Slide 2: The ILS: what is it?  A place to find books, yeah, but also...  ... a way for libraries to provide access to:  ... databases  ... e-journals  ...thesis and dissertations.

Slide 3: Our current situation  Proprietary ILS vendors abound, which means...  ...they're expensive  ...they respond slowly to feature requests, if at all.  ...our data is not as portable as we'd like.  What are we paying for?

Slide 4: Does this remind you of anything?  Hey, do you remember:  ...Coherent?  ...Xenix?  ...Ultrix?  ...A/UX?  ...BSD/OS?  There's a good reason for that, huh?

Slide 5: But what we really needed was...  ...a good solid kick to the pants.  A couple of years ago, our vendor was bought by a competing vendor, and that means...  ...product consolidation, which means...  ...we're in trouble.

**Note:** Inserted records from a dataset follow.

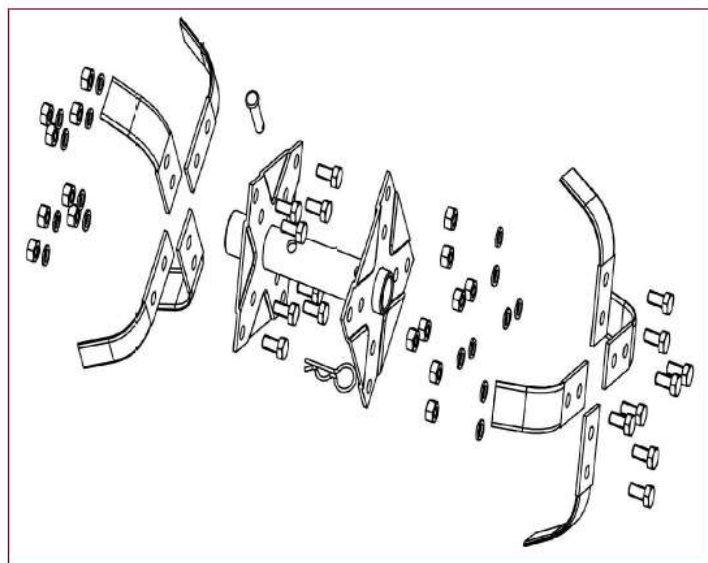

125

130

Position	Part number	Název	Name
107	7100-614	Čep 8x40	Pin 8x40
108	785000205	Závlačka	Cotter pin
125	761000125	Pravý nůž	Right blade
130	761000130	Levý nůž	Left blade
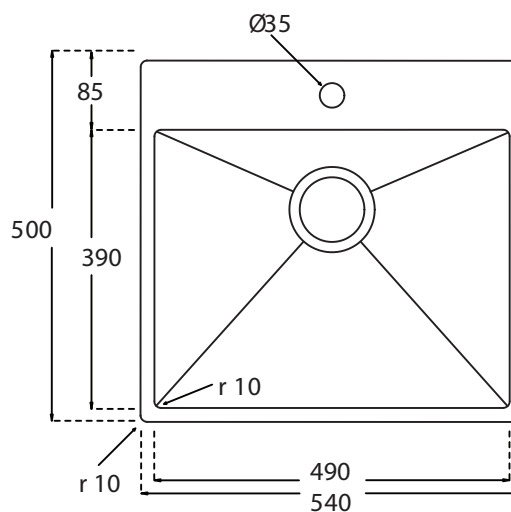

# Kubus 540 Soft køkkenvask Udskæringsmål

Varenr.: 10255  
VVS-nr.: 681366115

Godstykkelse: 1,2 mm  
Min. skabsbredde: 600 mm

Fikseringsclips til nedfældning medfølger

# LAVABO®

UDSKÆRINGSMÅL Nedfældning  
AUSSPARURNG Einbau  
CUTOUT Normal instalation

UDSKÆRINGSMÅL Planlimning  
AUSSPARURNG Flächenbündig  
CUTOUT Flush mount

Slide 6: Fortunately... We're not the only ones with this problem.

Slide 7: There are OSS choices:  Koha  Evergreen  PHPMyBibli  NewGenLib  ... but  Libraries are very risk averse – don't rock the boat!

Slide 8: So, as a result McMaster University decided to migrate off of our current ILS and go with Evergreen.

Slide 9: Who else is using Evergreen?  Georgia PINES  Sitka (BC PINES)  ...and a lot of other people in stealth mode.

Slide 10: Why Evergreen for us?  Open source  ... (of course)  ... so no vendor lock-in  ... transparent access to objects via JSON or XML  ... a known backend  OUR data is OUR data.

Slide 11: Features of Evergreen  Highly flexible organizational hierarchy  Efficient decentralization of front and backend through OpenSRF and Jabber  RSS feeds for users and libraries  A ”book bag”, to save items for later  Automagic relevance detection

Slide 12: But...  Evergreen is missing some key features that academic libraries need...  ...things like acquisitions, serials, and reserves.  ...plus the install is not, uh, very friendly.  ...but since it's open source, we can work on that!

Slide 13: Evergreen support model  Hey, it's open source, so we have...  ...mailing lists (dev and ”normal”)  ...IRC  ...and the option of paid support from many groups.

Slide 14: There's something intensely gratifying about asking for help on IRC or on the lists and getting immediate response from the people that actually wrote your software.

Slide 15: So where are we right now?  Here at Mac we're...  ...in the midst of migration with two other Canadian universities, Windsor and Laurentian, collectively we're known as Project Conifer.  ...target date of summer 2009.

Slide 16: Project Conifer  The goal is to eventually have a shared catalog, where people from Windsor, Laurentian and McMaster all have borrowing rights at each institution, and can easily see eachother's collections.  This is what library people call a ”union catalogue.”  Hopefully, this will make borrowing easier.

Slide 17: Any questions?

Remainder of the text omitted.